Material Flow Cost Accounting, or MFCA, is most widely known as an instrument used by manufacturing companies to improve material efficiency. The approach analyses the flows and inventories of materials in processes and production lines, in both physical and monetary units.
At the recent Ressourceneffizienz-Treff in Hamburg, which brought together 80 experts from industry, politics and research, Julian Nuss from Junker-Filter GmbH explained how implementing MFCA is not only reducing energy costs and avoiding material losses for their company, but is also adding an important benefit when used as a tool for strategic business decisions.
Junker-Filter: innovation and know-how at the heart of business
Junker-Filter is a second generation, owner-operated, SME located in Sinsheim, Baden-Württemberg, Germany. The company manufactures customized industrial filters for solid-liquid separation and dust filtration serving, used, for example, in the cement, food, and automotive industries. Despite its relatively small size, Junker has always had a strong emphasis on innovative research and development.
As head of purchasing and procurement, Julian Nuss is responsible for sustainable materials acquisition and oversees process optimization to reduce waste and save resources. He introduced carbon footprints as an important parameter for material acquisition and coordinates the continual improvement process (CIP) within the company, a role which also puts him in charge of implementing the company’s MFCA strategy.
The three pillars of Material Flow Cost Accounting
MFCA is a useful tool for analyzing the costs associated with material consumption and waste, especially for a manufacturing enterprise with a high cost-of-materials rate (56%). Junker-Filter was first introduced to the system through a business incentive offered to companies located in the state of Baden-Württemberg. After some initial challenges, the company moved the project forward with the help of a student thesis following which Junker-Filter eventually set up its own MFCA team. Soon the first results poured in, highlighting details of material and monetary losses within the production system and identifying potential savings. It wasn’t long before this new tool caught the attention of the company’s decision makers.
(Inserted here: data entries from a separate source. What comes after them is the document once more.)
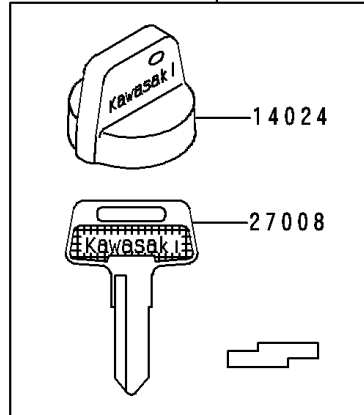

## 1998 Prairie® 400 PARTS DIAGRAM

Ignition Switch

F2770

27008D

27008E

23016

27005

27008F

27008G

## 1998 Prairie® 400 PARTS LIST

Ignition Switch

ITEM NAME	PART NUMBER	QUANTITY
COVER,KEY (Ref # 14024)	14024-1551	1
LAMP-ASSY (Ref # 23016)	23016-1151	1
SWITCH-ASSY-IGNITION (Ref # 27005)	27005-1201	1
KEY-LOCK,BLANK (Ref # 27008)	27008-1041	1
KEY-LOCK,BLANK (Ref # 27008A)	27008-1042	1
KEY-LOCK,BLANK (Ref # 27008B)	27008-1043	1
KEY-LOCK,BLANK (Ref # 27008C)	27008-1044	1
KEY-LOCK,BLANK (Ref # 27008D)	27008-1132	1
KEY-LOCK,BLANK (Ref # 27008E)	27008-1133	1
KEY-LOCK,BLANK (Ref # 27008F)	27008-1134	1
KEY-LOCK,BLANK (Ref # 27008G)	27008-1135	1
BULB,12V3W T-7 (Ref # 92069)	92069-1020	1
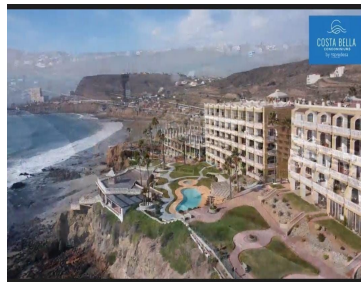

DATOS DEL VENDEDOR

Nombre: romaxbienesraices@gmail.com

Teléfono: 6644030703

¡ENCONTRAMOS EL LUGAR PERFECTO PARA TI!

www.pinmx.com

Julian Nuss believes that Material Flow Cost Accounting provides three strong pillars, which can be applied to virtually any company:
- cost savings
- strengthening the continual improvement process (CIP)
- managing the carbon balance
Taking the overall carbon footprint into account has become an important part of Junker’s business philosophy. By tracking and analyzing CO2 impacts, the company is capable of redesigning products with energy efficiency in mind and thus gain a competitive advantage. According to Nuss, the number of customers demanding information about their products’ carbon footprints is growing steadily.
Measurable gains using MFCA
In addition to the three main pillars referred to above, Nuss also sees additional benefits from using MFCA: the tool can help to increase productivity, improve communication (both internal and external), and lead to greater process transparency by collecting detailed data. MFCA can also be useful as a quantification tool when it comes to rewarding employees’ ideas for process improvements.
Nuss used a practical example from Junker’s filter manufacturing process to prove his point. After analyzing the entire process step-by-step using MFCA, the company discovered a potential for savings and implemented changes. By outsourcing the labor-intensive step of degreasing the filter end discs and drilling individual holes, the company saved a total of 8,000 euros/a in both materials and time (labor costs). Not to mention increasing overall production capacity and employee motivation.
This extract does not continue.